Go through the entries below and copy each line containing the word "SPOOL".

= = = =

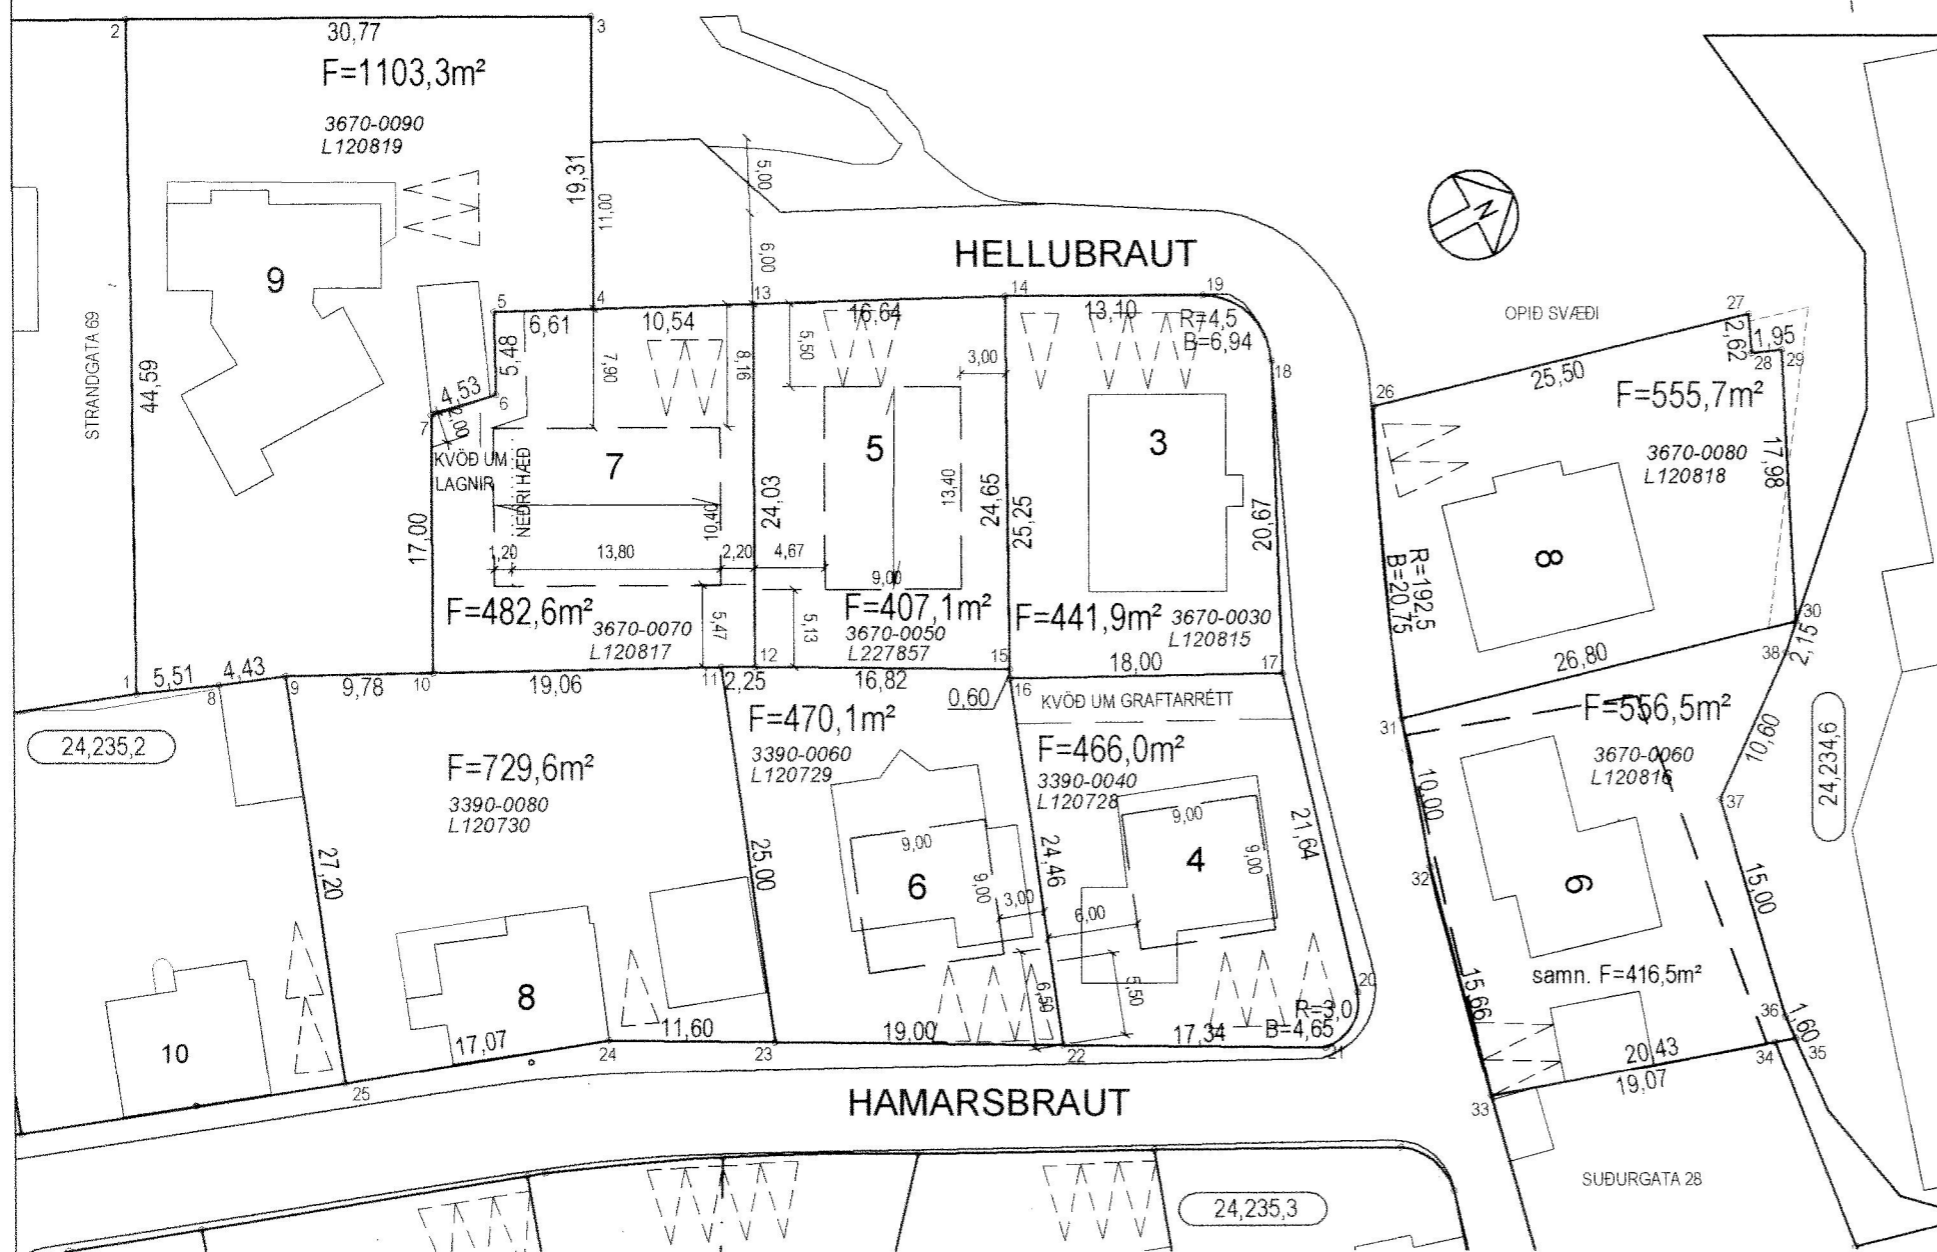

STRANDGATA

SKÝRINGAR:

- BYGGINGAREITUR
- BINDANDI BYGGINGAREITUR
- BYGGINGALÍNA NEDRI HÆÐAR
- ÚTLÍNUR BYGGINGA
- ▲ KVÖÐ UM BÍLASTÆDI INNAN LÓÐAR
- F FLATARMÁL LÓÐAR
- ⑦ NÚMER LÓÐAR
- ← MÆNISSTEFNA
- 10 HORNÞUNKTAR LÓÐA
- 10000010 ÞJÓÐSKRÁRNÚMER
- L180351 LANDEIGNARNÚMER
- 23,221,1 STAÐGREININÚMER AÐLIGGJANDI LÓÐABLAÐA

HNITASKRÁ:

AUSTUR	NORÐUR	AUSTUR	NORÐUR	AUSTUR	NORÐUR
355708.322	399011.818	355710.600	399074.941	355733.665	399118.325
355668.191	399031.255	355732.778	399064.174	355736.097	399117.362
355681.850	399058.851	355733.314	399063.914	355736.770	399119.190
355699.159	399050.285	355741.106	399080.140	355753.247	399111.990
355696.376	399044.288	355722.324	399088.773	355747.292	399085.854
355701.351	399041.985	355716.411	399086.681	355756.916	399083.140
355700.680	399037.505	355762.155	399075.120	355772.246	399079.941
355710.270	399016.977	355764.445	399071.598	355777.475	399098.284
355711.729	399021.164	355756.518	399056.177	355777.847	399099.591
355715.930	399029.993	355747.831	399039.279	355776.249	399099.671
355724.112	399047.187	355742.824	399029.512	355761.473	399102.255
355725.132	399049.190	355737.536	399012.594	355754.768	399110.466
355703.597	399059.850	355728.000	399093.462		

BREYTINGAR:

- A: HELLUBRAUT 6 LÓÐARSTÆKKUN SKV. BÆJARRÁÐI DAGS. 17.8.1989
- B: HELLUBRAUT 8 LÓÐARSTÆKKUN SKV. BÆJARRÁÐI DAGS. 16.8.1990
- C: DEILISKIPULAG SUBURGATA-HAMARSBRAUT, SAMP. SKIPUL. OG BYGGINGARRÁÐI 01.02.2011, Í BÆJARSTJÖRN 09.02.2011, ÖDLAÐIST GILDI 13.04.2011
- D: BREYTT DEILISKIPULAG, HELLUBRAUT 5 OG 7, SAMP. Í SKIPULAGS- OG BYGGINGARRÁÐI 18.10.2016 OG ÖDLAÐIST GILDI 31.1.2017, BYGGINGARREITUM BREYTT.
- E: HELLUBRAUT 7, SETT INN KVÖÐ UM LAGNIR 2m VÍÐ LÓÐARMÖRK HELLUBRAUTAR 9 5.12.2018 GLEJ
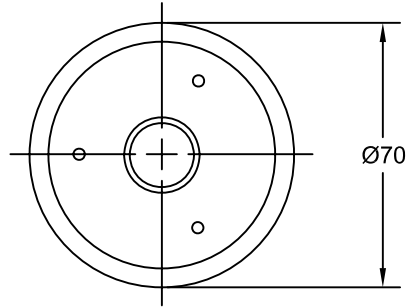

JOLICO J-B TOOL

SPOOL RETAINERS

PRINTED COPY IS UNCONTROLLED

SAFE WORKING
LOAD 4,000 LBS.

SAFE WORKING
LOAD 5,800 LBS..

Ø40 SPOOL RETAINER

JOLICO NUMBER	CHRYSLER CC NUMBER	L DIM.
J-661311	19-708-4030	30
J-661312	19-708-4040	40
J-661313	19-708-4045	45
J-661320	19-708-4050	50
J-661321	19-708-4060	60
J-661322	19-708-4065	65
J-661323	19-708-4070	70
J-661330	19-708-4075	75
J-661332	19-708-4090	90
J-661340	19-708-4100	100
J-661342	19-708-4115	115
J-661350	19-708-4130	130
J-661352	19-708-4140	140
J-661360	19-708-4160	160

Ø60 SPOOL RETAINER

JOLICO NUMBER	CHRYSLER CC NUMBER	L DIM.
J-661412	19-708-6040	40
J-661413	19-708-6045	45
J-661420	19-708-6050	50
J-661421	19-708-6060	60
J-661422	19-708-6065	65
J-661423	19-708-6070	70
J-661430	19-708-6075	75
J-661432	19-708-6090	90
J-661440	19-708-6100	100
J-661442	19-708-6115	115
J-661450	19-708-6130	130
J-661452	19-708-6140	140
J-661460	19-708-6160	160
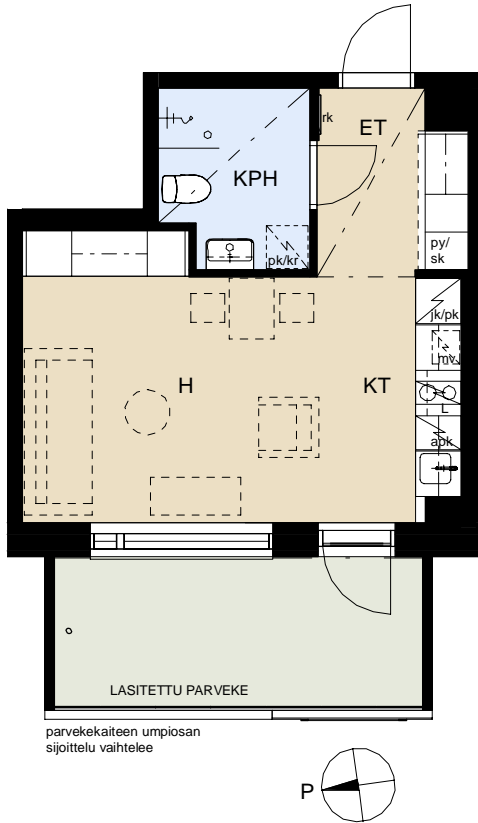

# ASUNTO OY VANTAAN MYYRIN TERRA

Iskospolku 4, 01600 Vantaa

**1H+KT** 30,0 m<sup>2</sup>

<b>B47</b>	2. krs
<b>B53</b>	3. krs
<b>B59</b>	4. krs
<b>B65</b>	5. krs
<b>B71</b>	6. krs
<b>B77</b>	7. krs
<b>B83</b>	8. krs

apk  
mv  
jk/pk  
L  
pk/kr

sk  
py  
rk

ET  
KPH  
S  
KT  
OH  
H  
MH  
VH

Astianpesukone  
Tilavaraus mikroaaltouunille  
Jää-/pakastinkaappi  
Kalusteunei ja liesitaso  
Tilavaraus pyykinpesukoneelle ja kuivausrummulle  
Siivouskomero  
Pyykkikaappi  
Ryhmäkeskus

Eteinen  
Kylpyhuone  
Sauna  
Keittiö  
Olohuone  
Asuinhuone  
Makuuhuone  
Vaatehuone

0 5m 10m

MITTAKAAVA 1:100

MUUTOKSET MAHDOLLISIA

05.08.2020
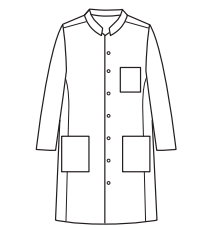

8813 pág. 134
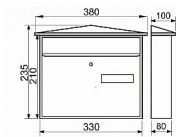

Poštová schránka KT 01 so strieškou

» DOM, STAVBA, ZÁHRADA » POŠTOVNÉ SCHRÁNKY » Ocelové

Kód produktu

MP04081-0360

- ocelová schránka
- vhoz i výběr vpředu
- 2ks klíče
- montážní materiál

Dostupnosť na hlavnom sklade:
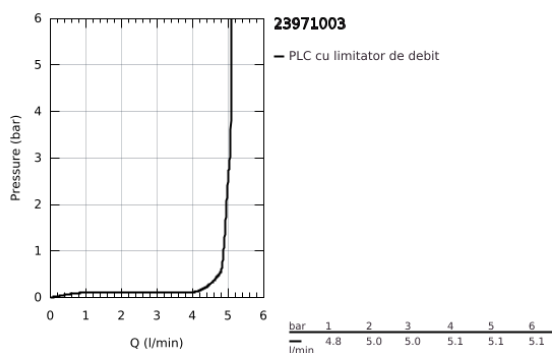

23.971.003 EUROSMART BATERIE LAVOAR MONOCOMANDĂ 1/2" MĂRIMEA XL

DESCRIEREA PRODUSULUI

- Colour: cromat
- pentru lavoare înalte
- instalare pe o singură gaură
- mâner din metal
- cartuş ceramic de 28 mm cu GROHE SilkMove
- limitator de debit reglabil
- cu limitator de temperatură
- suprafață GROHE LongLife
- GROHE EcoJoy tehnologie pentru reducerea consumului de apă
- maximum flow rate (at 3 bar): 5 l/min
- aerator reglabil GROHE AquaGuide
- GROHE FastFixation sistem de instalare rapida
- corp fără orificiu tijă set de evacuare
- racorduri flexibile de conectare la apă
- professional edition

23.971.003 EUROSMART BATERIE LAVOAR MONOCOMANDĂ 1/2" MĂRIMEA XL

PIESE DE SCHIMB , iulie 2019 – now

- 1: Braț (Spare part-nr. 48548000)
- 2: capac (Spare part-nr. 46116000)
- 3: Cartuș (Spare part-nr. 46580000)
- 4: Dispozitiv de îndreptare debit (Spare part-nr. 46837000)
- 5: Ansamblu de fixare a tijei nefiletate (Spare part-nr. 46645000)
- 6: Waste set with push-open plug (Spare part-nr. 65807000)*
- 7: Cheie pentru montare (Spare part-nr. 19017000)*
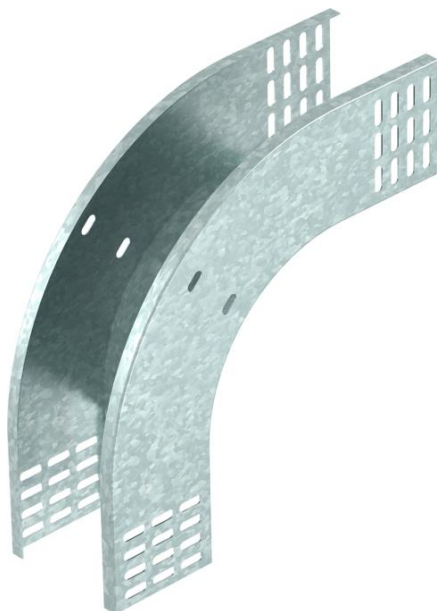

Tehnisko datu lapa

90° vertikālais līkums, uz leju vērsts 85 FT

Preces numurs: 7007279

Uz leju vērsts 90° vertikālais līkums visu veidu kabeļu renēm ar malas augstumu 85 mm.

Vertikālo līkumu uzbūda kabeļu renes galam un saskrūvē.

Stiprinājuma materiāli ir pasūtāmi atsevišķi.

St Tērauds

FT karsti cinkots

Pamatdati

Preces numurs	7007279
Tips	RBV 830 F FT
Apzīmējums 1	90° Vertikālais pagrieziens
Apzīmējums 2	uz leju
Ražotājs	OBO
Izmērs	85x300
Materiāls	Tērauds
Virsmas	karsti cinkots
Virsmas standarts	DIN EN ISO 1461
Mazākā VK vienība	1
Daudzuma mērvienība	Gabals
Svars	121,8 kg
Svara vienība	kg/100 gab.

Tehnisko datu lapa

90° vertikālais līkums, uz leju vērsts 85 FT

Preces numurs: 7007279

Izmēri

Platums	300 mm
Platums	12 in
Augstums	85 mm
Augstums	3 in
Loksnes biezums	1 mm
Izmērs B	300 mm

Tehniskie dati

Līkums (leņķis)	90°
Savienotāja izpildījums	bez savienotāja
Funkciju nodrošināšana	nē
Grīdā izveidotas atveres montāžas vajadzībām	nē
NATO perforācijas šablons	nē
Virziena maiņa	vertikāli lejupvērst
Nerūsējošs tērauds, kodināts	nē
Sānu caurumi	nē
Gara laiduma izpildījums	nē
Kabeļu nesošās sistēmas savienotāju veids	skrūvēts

= = = =

> THE COMPLETED TASK
SPOOL RETAINERS
Ø40 SPOOL RETAINER
Ø60 SPOOL RETAINER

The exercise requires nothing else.